#### THE RECORDS
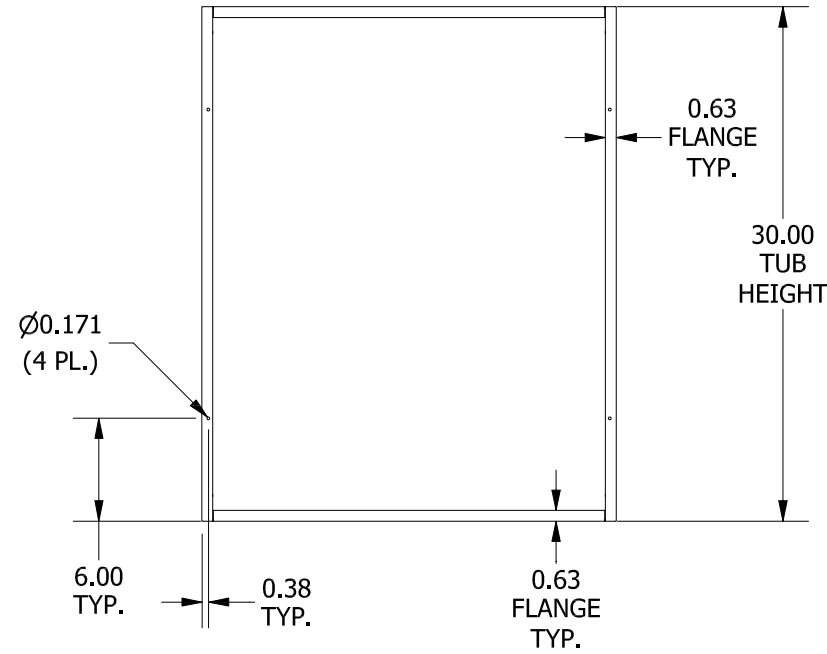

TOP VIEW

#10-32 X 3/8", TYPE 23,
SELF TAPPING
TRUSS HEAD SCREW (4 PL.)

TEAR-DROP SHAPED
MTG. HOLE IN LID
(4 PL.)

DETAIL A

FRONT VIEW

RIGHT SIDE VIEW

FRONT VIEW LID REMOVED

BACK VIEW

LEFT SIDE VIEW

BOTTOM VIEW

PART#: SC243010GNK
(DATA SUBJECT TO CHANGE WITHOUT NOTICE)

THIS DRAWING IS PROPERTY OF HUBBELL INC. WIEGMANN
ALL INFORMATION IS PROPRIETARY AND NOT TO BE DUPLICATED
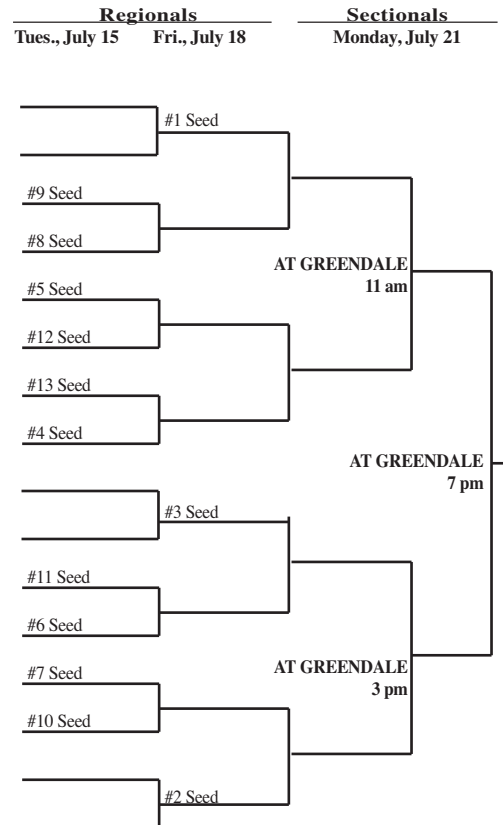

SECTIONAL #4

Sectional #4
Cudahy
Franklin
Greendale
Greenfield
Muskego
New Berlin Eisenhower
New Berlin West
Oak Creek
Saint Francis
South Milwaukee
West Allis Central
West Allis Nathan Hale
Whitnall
########
#### THE RECORDS
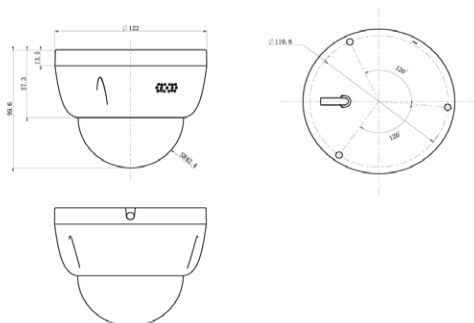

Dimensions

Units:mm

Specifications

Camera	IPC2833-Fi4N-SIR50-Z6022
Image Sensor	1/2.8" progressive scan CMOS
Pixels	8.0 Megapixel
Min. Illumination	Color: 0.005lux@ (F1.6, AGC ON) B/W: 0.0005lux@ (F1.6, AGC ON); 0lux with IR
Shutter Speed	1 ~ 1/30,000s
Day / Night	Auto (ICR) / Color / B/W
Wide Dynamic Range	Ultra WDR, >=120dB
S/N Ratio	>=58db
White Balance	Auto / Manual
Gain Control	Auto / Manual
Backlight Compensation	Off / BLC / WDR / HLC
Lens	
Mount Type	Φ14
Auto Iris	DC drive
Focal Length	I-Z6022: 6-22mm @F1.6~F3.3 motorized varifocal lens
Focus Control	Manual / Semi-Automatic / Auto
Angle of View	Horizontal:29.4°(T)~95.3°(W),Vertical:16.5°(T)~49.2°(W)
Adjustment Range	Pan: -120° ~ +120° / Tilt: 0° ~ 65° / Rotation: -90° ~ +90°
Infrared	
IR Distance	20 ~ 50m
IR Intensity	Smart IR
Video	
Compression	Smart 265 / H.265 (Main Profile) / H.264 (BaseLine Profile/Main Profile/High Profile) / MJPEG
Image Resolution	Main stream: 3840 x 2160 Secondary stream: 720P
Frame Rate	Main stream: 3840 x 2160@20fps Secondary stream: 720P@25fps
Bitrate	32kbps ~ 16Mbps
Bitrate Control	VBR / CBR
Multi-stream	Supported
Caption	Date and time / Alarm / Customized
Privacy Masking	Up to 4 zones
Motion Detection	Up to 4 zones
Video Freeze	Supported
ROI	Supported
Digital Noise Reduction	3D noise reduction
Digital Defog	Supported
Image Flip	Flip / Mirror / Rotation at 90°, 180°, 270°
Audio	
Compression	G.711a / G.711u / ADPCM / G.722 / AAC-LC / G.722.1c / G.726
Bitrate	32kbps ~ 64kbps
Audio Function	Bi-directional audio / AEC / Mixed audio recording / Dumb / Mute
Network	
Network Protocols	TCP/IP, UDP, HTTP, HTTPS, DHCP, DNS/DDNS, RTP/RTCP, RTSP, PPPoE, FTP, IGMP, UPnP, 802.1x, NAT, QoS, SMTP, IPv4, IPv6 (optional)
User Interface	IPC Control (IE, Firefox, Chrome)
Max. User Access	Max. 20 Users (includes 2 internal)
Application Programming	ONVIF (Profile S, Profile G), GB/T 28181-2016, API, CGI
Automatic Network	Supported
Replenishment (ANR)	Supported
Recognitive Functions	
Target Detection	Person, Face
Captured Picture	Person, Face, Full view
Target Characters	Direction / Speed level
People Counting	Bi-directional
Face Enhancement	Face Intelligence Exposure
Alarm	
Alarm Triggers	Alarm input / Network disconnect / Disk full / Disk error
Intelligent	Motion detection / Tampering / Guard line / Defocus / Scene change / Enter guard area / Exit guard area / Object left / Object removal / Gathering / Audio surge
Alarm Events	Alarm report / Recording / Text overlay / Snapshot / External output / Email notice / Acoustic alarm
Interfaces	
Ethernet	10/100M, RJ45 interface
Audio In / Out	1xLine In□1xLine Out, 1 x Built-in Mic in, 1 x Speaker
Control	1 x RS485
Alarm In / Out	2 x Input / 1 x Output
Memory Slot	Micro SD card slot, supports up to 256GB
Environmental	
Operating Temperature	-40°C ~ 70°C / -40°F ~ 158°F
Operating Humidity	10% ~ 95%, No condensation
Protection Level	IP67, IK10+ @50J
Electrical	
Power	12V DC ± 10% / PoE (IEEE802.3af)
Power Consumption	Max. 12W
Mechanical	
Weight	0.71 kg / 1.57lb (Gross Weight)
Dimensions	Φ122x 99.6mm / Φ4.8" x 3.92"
########
▶ _TASK PROMPT_
Of the entries above, repeat exactly the lines from the line with "IPv4, IPv6 (optional)" through the line with "(includes 2 internal)", both of them included.

▶ _FINAL ANSWER_
Network Protocols	TCP/IP, UDP, HTTP, HTTPS, DHCP, DNS/DDNS, RTP/RTCP, RTSP, PPPoE, FTP, IGMP, UPnP, 802.1x, NAT, QoS, SMTP, IPv4, IPv6 (optional)
User Interface	IPC Control (IE, Firefox, Chrome)
Max. User Access	Max. 20 Users (includes 2 internal)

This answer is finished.